We are welcoming new neighbours in the game. We have been applauding their drive for reform, for Liberalism, their drive away from Communism. Now we are closing our market and asking them to please pay for their own lives. The opening of our market is required, most important in the fields of food stuff, textiles, vehicles and machinery. Just two weeks ago the French militated strongly against the Polish appeal to open up the import of agricultural food stuffs.
And The Soviet Union has now requested grain aid to carry itself over this winter and our total aid up till now has been minuscule. This is a threat, this is a challenge, and it is a chance, all at the same time.
Chance from political and humanitarian aspects. Great chance, a great challenge, from the point of view of a business person, a banker and an economist.
There is another market of 400 million people shaping up and the demand potentials are uncertain. But they are unlimited when you take the example of passenger cars. For instance, Volkswagon has recently estimated the passenger car population in Eastern Europe and the potential for growth. Their figures are way beyond the growth rate of any other market in the world. Western industry is getting into the act. We agree with Mrs. Bata, someone who is already getting into this act. Others include the automobile industry, there are very important entries in the American electric industry, in Hungary for instance. Licences are being given to companies by Fiat and Mercedes. There are many other examples of firms entering or considering Eastern Europe. There is a substantial drive now shaping up, slowly shaping up, which is still just a trickle of investment but which is the beginning of a long way. And looking at this beginning I want to reiterate that it's the growth potential that should be kept in sight.

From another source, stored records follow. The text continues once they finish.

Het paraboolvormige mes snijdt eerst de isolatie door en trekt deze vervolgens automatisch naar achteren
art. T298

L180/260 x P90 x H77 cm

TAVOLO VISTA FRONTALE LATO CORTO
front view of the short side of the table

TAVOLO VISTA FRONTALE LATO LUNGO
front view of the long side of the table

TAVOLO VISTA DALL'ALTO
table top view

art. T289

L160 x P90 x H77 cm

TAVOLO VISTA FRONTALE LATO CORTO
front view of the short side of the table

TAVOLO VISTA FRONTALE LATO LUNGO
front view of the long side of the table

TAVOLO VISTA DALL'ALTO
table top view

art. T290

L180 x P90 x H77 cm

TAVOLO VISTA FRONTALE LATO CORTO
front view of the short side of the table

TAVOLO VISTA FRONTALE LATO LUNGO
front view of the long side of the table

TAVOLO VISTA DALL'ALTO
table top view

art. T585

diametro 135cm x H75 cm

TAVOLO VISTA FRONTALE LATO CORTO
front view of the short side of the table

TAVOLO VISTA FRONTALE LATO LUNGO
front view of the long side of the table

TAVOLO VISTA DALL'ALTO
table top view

When you just take the railroad network reconstruction in Eastern Europe, and only look at the main trunk line, it has been calculated that to have a recovery of the railroad trunk lines in Eastern Europe calls for an investment of at least 10 billion German marks per year. There again is a challenge, and it may be a threat if we do not address it. It is a great chance for anybody who is getting into this act. Well this is what is happening in Eastern Europe.
You are confronted with misery and hardships all around, but you are confronted with hope, you are confronted with people, 400 million strong, who have one wish, mainly to become part of the rest of the world.

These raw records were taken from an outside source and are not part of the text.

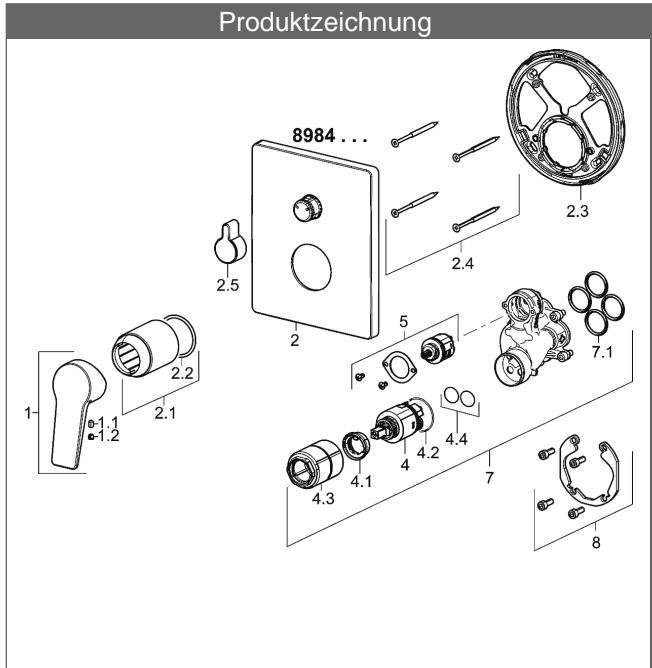

PA-IX 28816/ICC

Durchflussmenge: 21/21 l/min (Auslauf/Brause), gemessen bei 3 bar Fließdruck

- Bestehend aus:
- Befestigung der Funktionseinheit mit 4 Schrauben
- Schalldämpfer
- Dekorset bestehend aus:
- Vollhebel (Metall)
- (-) W+K-Kennzeichnung
- Hülse und Wandrosette
- BLUECLICK Rosettenträger zur einfachen Montage
- BLUESWITCH manuelle, keramische Umstellung Wanne/Brause
- (-) für druckunabhängige Funktion
- BLUETUNE Ausrichtung der Rosette nach Einbau von  $\pm 3,5^\circ$  möglich

**HANSA Steuerpatrone classic 3.5**

Produktnummer: 59913075

Anzahl in Stückliste: 1

(-) Keramikscheiben mit integrierten Fettdepots

(-) einstellbare Heißwassersperre

(-) einstellbare Wassermengenbegrenzung bis ca. 6 l/min

Variante	Art.-Nr.
verchromt	89849083 

passend zu Einbaukörper 8000 / 8001

Produktbild

Produktzeichnung

Produktzeichnung

Produktzeichnung

DVGW: Prüfzeichen DW-6506CS0196

### Zugehörige Produkte

Produktbild:	Beschreibung:	Artikelnummer:
	<p><b>HANSABUEBOX</b>  <b>Grundeinheit</b>  <b>Unterputz-Einbaukörper</b></p> <p>ohne Vorabspernung</p>	<p>80000000</p>
	<p><b>HANSABUEBOX</b>  <b>Grundeinheit</b>  <b>Unterputz-Einbaukörper</b></p> <p>mit Vorabspernung</p>	<p>80010000</p>

Now the rest of the world, and that really is my message, should not turn their backs on this part of Europe, this part of the old world.

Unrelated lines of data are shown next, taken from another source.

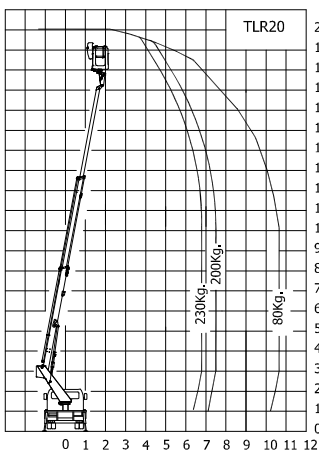

MOVEX

TLR 15 / 16 / 18 / 20

14,20 mts. / 16,20 mts. / 18 mts. / 20 mts.

TLR15

TLR16

TLR17

TLR18

	TLR15	TLR16	TLR18	TLR 20
	14,20 mts	16,20 mts	18 mts	20 mts
	12,20 mts	14,20 mts	16 mts	18 mts
	225 kg	230 kg	230 kg	230 kg
	8,6 mts	9,80 mts	10,20 mts	10,20 mts
	Hidraulico Hydraulic Hydrauliques	Electro-hidraulico Electro-hydraulic Electro-hydrauliques	Hidraulico+ Electro-hidraulico Hydraulic+ Electro-hydraulic Hydrauliques+ Electro-hydrauliques	Electro-hidraulico Electro-hydraulic Electro-hydrauliques
	A + H	H + H	A + H H + H	A + H
	45°+45°	45°+45°	45°+45°	45°+45°
	420°	420°	420°	420°

We should not walk away. We should not just leave them and their troubles, but rather we should try to become active and turn what may otherwise be a threat for all of us into a challenge and into a long-term promise. If that happens it may be that one day Europe and North America will pull together very closely again as in the times of the Marshall Plan in the early 1950s. The bottom line is that it will be a victory for the free economy, a victory for democracy and, at the same time, it will pay for all of us.
I wanted to bring to you a message of hope, but it is also the message of a challenge which could turn to a threat if we do not live up to it.
Let's try to do that. Thank you.
The appreciation of the meeting was expressed by Robert Brooks, Executive Vice President, The Bank of Nova Scotia, and President-elect of The Empire Club of Canada.